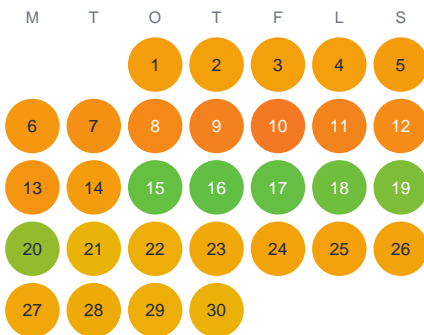

Huggtabell 2026 — Källsjön

Källsjön · Dalarna · huggtabell.se · modell v1 (2026-06)

Januari

Februari

Mars

April

Maj

Juni

Juli

Augusti

September

Oktober

November

December
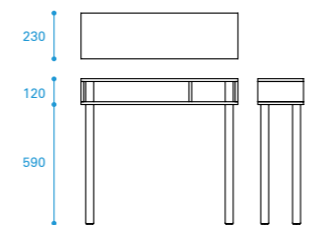

(Pallet Table 4種、全商品共通)

脚を差し込み回すだけで組み立てできる

天板はブナ突き板

側面にロゴのタグ付き

脚が本体の中に入るコンパクト梱包設計

PC High

PC Low

DM

TV

PC High

PC High ビーシーハイ

リビングルームにプラスワン

学習机、ドレッサー、PCテーブルに使えるコンパクトサイズ

奥行き390mm / ノートパソコンが十分使えるテーブルサイズ。

price : ¥28,000 (税別)
size : W790 / D390 / H730mm
weight : 9kg

PC Low ビーシーロー

座って使えるパソコンテーブル

高さ380mm / ローデスク、テレビボードとしても使えるサイズ。

price : ¥25,000 (税別)
size : W790 / D390 / H380mm
weight : 7.7kg

DM ディーエム

A4サイズが横置きで並ぶ奥行きサイジング

奥行き230mm / DMや雑誌がスッキリ収まるサイズ。

ちなみにDMハガキは奥行き148mm×幅100mm。

price : ¥23,000 (税別)
size : W790 / D230 / H730mm
weight : 6.1kg

TV ティーヴィー

TVボードのミニマルサイズ

高さ380mm / プレイヤー・レコーダーも収納可能なミニマムサイズ。

テーブル背面にはカケを作り、配線コードの処理ができる。

price : ¥20,000 (税別)
size : W790 / D260 / H380mm
weight : 4.8kg

DM

TV
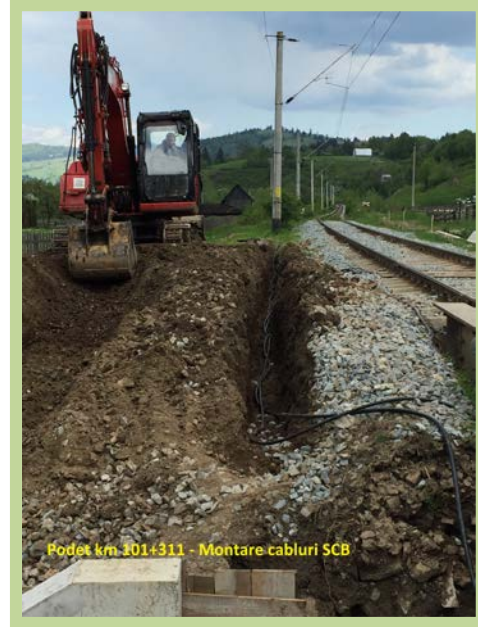

Podet km. 101+311 linia CF Dărmănești - Dornișoara
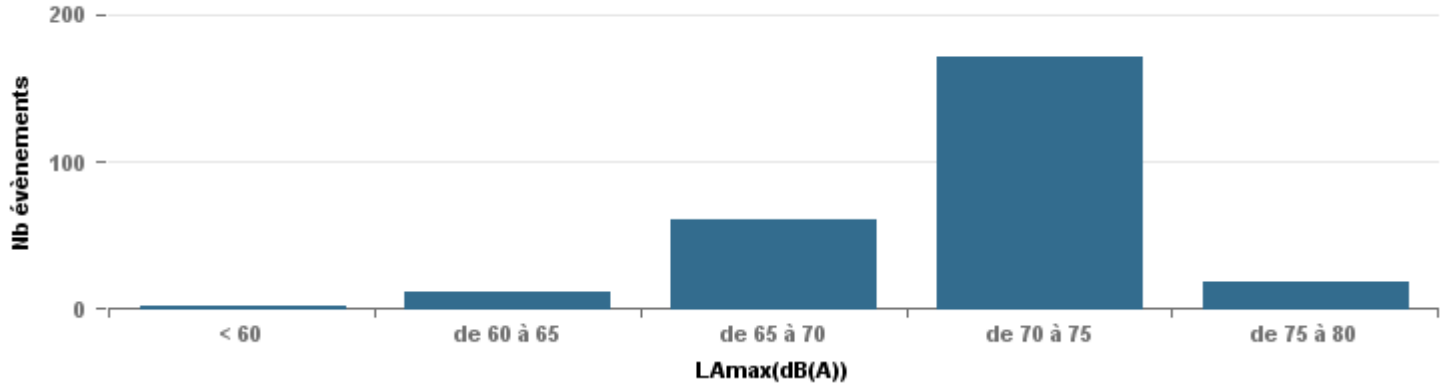

**De nuit entre 6h et 22h**

Nbre d'événements par classe de dB(A)	GIGNAC			MARIGNANE			VITROLLES			ST_VICTOIRET			ESTAQUE			PENNES_MIRABEAU			BERRE_MOB			LEROVE			Total
		%	LAeq Moy.		%	LAeq Moy.		%	LAeq Moy.		%	LAeq Moy.		%	LAeq Moy.		%	LAeq Moy.		%	LAeq Moy.		%	LAeq Moy.	
< 60	196	17,7%	104,1	1	0,1%	56,6	2	0,8%	110,5	12	0,4%	104,8	80	5,7%	105,6	8	1,8%	106	17	0,6%	104,3	386	47,8%	92,6	702
de 60 à 65	336	30,4%	110,9	118	9,0%	118	11	4,2%	117,9	108	3,6%	112,8	268	19,1%	112,6	51	11,4%	112,3	256	9,5%	114	51	6,3%	109,9	1 199
de 65 à 70	264	23,9%	118,9	497	38,0%	123,9	61	23,1%	124	160	5,3%	121,1	404	28,8%	120,2	246	54,9%	121,4	962	35,8%	121,4	107	13,3%	120,2	2 701
de 70 à 75	268	24,3%	129,6	534	40,8%	130,6	171	64,8%	131,3	501	16,5%	131,4	550	39,2%	127,7	132	29,5%	127,9	1 243	46,2%	130,5	207	25,7%	128,8	3 606
de 75 à 80	37	3,3%	133,4	156	11,9%	137,3	19	7,2%	137,1	822	27,0%	137,4	101	7,2%	133,4	10	2,2%	133,8	208	7,7%	136,5	29	3,6%	134,2	1 382
de 80 à 85	4	0,4%	138,6	2	0,2%	71,3				1 392	45,8%	143,4	1	0,1%	72,1	1	0,2%	74,3	4	0,1%	73,8	12	1,5%	142,9	1 416
de 85 à 90				1	0,1%	68,7				45	1,5%	148,5										7	0,9%	150,7	53
> 90										2	0,1%	165,7										8	1,0%	163,6	10
<b>Total :</b>	<b>1 105</b>			<b>1 309</b>			<b>264</b>			<b>3 042</b>			<b>1 404</b>			<b>448</b>			<b>2 690</b>			<b>807</b>			<b>11 069</b>

Sur 24 heures

Sur 24 heures

Sur 24 heures

Entre 6h et 22h

Entre 6h et 22h

VITROLLES

GIGNAC

PENNES\_MIRABEAU

Entre 6h et 22h

BERRE\_MOB

LEROVE

Entre 22h et 6h

Entre 22h et 6h

Entre 22h et 6h
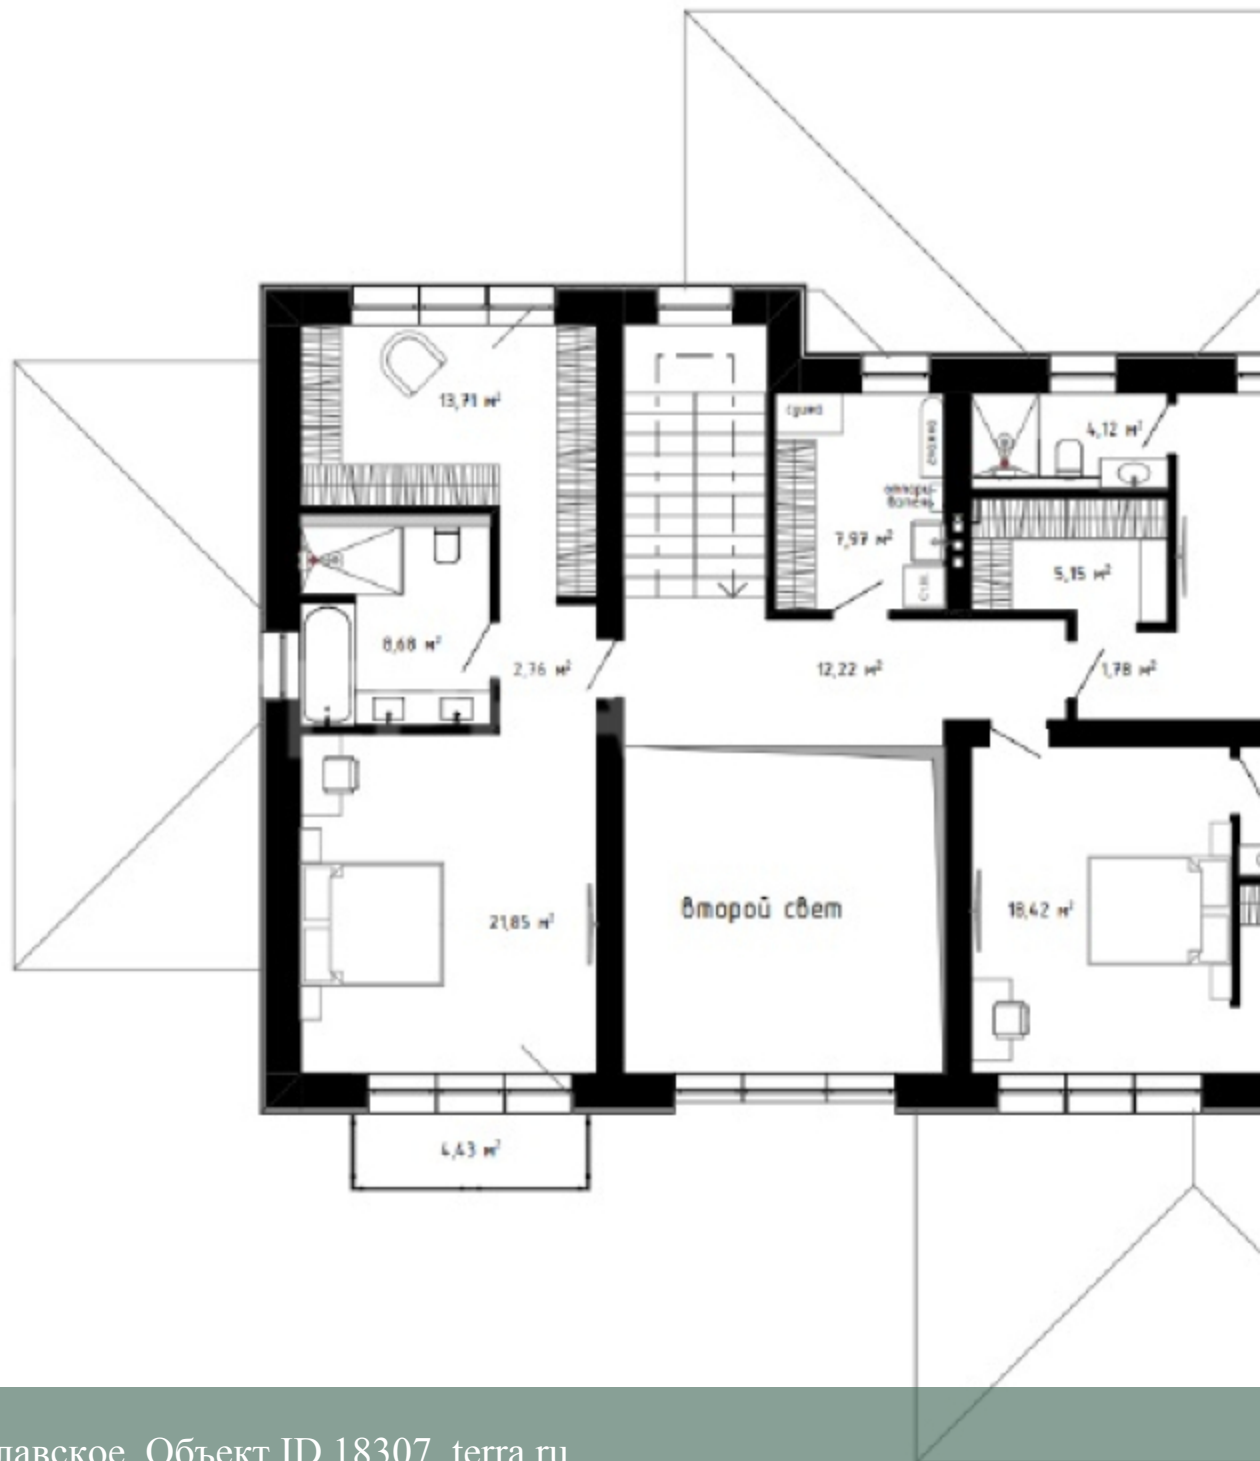

Площадь 1 этажа – 217,04 кв.м.

Площадь 2 этажа – 131,49 кв.м.

Общая площадь: 348,53 кв.м.

90 000 р/кв.м. – стоимость подряда

Проектное решение

1 этаж

Классификация помещений первого этажа

Наименование	Площадь
Лестничная	4,34
Ванная	8,20
Кухня	10,58
Спальня	3,05
Салон	18,31
Площадка для садового инвентаря	5,72
Спальня	5,68
Спальня	5,27
Спальня	21,02
Спальня	23,89
Столовая	31,99
Спальня	5,02
Спальня	2,67
Спальня	5,74
Спальня	43,12
Спальня	22,44
Итого	217,04 м ²
С учетом	348,53
Без террас и крылец	317,32

Проектное решение

2 этаж

Классификация помещений второго этажа

Наименование	Площадь
	12,22
Кухня	7,97
	4,12
Спальная	5,15
Коридор	1,78
Ванная	17,62
	5,13
Спальная	7,65
Ванная	18,42
Спальная	21,85
Коридор	2,76
	8,68
Спальная	13,71
Ванная	4,43
	131,49 м ²
	348,53
без террас и крылец	317,32
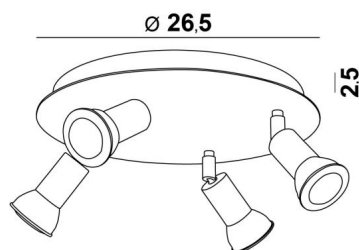

## MERCURE ROUND 4

MERCURE ROUND 4 in gebürstet Bronze. Metalloberfläche Code: 29

**MERCURE ROUND 4** ist eine runde Deckenleuchte mit vier Spots. Diese Deckenleuchte ist schlicht, einfach zu installieren und ein Muss, wenn Sie Ihrem Zuhause mehr Helligkeit verleihen möchten. Die Originalität des Spots **MERCURE** liegt in seinem minimalistischen Design. Dieser Spot, der die Fassung und den unteren Teil der Glühbirne so eng wie möglich umschließt, wird in einer attraktiven Palette von zehn Modellen mit einem bis sechs Spots angeboten, die auf runden, quadratischen oder rechteckigen Basen verteilt sind. Die meisten dieser Basen sind mit einer schönen, robusten und sehr dekorativen, überhängenden Platte versehen.

### GESAMTABMESSUNGEN

Ø26,5cm H8→13,5cm

### BASIS

Platte: Ø26,5cm Gehäuse: Ø23,5 x 2,5cm

### TECHNISCHE DATEN

Vier GU10 Fassungen. Dimmbare Deckenleuchte

Vier Spots, montiert auf 360° Kugelgelenken. Abmessungen Spot: Ø3cm L4,5cm

Kein Transformator, diese Deckenleuchte funktioniert direkt mit 230V
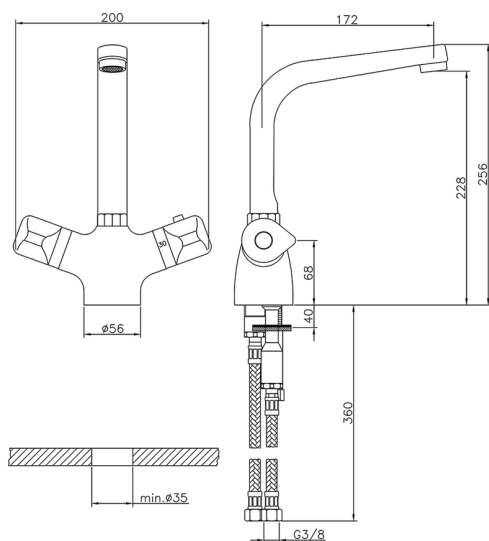

Miscelatore termostatico lavello COLLETTIVITÀ_CLT65010

MODELLO **CLT65010**

Miscelatore termostatico lavello, senza scarico, bocca girevole, flex inox G.3/8"

FINITURE DISPONIBILI

21 21 Cromo

CARATTERISTICHE

Ricambio Cartuccia **24.04A.PP**

Cartuccia Termostatica Plus P 8X20

Termostatico

Il Termostatico Huber è il tuo personale gestore dell'acqua che ti aiuta a gestire e controllare acqua ed energia senza sprechi.
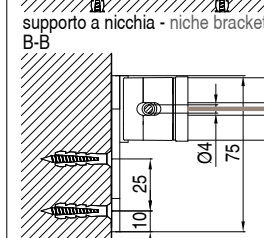

supporto a nicchia - niche bracket

piedino a pavimento - floor bracket

vista dall'alto - top view

supporto a parete - wall bracket  
B-B  
GA.P

supporto a nicchia - niche bracket  
B-B

piedino a pavimento - floor bracket  
B-B

## MONTAGGIO SOFFITTO - CEILING INSTALLATION

modulo doppio  
double module  
A-A

vista dall'alto - top view

GA Posteriore - GA back  
A-A

GA Anteriore - GA front  
A-A

vista posteriore - rear view

supporto a parete - wall bracket

# SCREENY 110 - GC

Quadro, Tondo - Square, Round - Eckig, Rund - Cuadrado, Redondo - Carre, Rond

**pd** PATENTED DESIGN
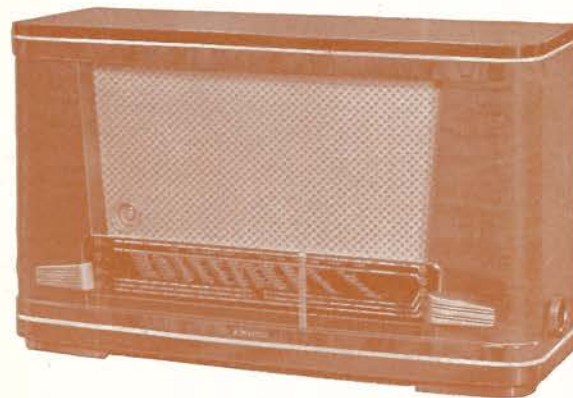

KY 518

f 420.-

KY 518 M MET VISSERIJ BEREIK

f 463.-

KY 518

Uitvoering : Hoogglans gepolitoerde notenhouten kast.

Afmeting : 620x234x360 mm.

Buizen : 5 + 1.

Golfbereiken : 175-580; 950-2000 m.

Gespreide

Korte Golf : 11-21; 23.8-26.6; 30.1-32; 40.5-45; 47-50.5 m.

Netspanning : 110-250 Volt w.str.

KY 518 M : Als KY 518.

Extra gevoelig door aparte H-F-buis E A F 42 (Pré-Selector)

Golfbereiken : 10-20; 17-55; Visserijband 52.5-187; 175-580; 950-2000 m.
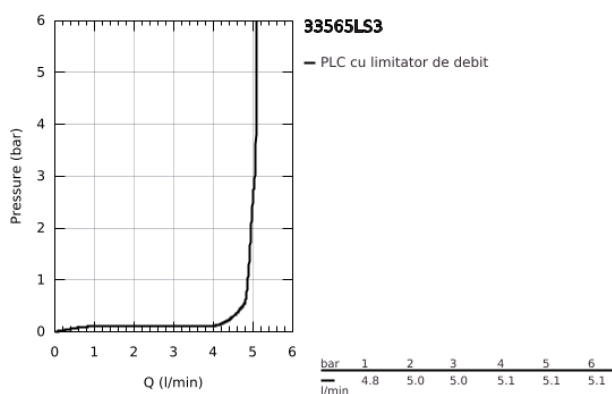

## 33 565 LS3 EUROSTYLE BATERIE BIDEU MONOCOMANDĂ 1/2" MĂRIMEA S

### DESCRIEREA PRODUSULUI

- Colour: moon white/chrome
- instalare pe o singură gaură
- mâner metalic
- cartuş ceramic de 35 mm cu GROHE SilkMove
- limitator de debit reglabil
- cu limitator de temperatură
- finisaj GROHE LongLife
- GROHE EcoJoy tehnologie pentru reducerea consumului de apă
- maximum flow rate (at 3 bar): 5 l/min
- GROHE FastFixation sistem de instalare rapida
- cu racord cu bilă
- set evacuare cu tijă
- racorduri flexibile de conectare la apă
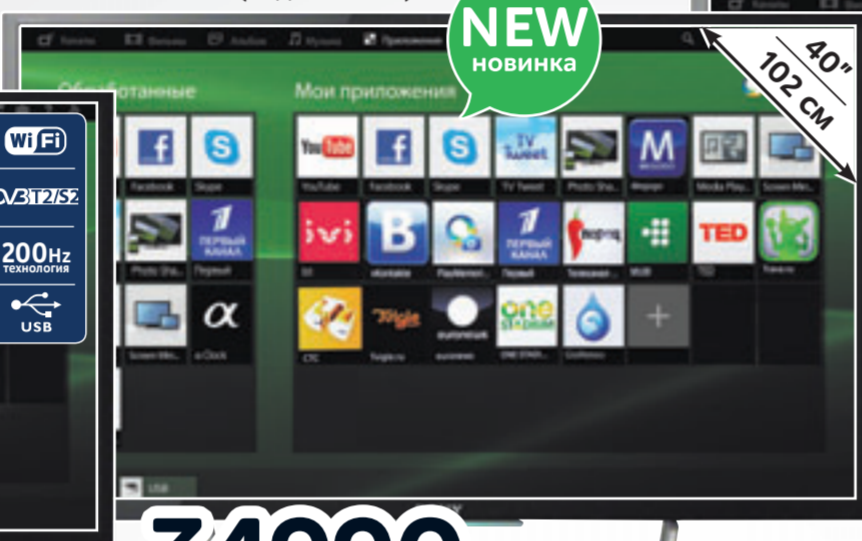

34990

ПЛАТЁЖ В МЕСЯЦ **1458***

KDL48W705C (Код 10008039)

· · · · · · ·

WORK REQUEST: Establish how many lines of the records contain the string "price" and state that number without elaboration.

SOLUTION TO THIS PROBLEM: 4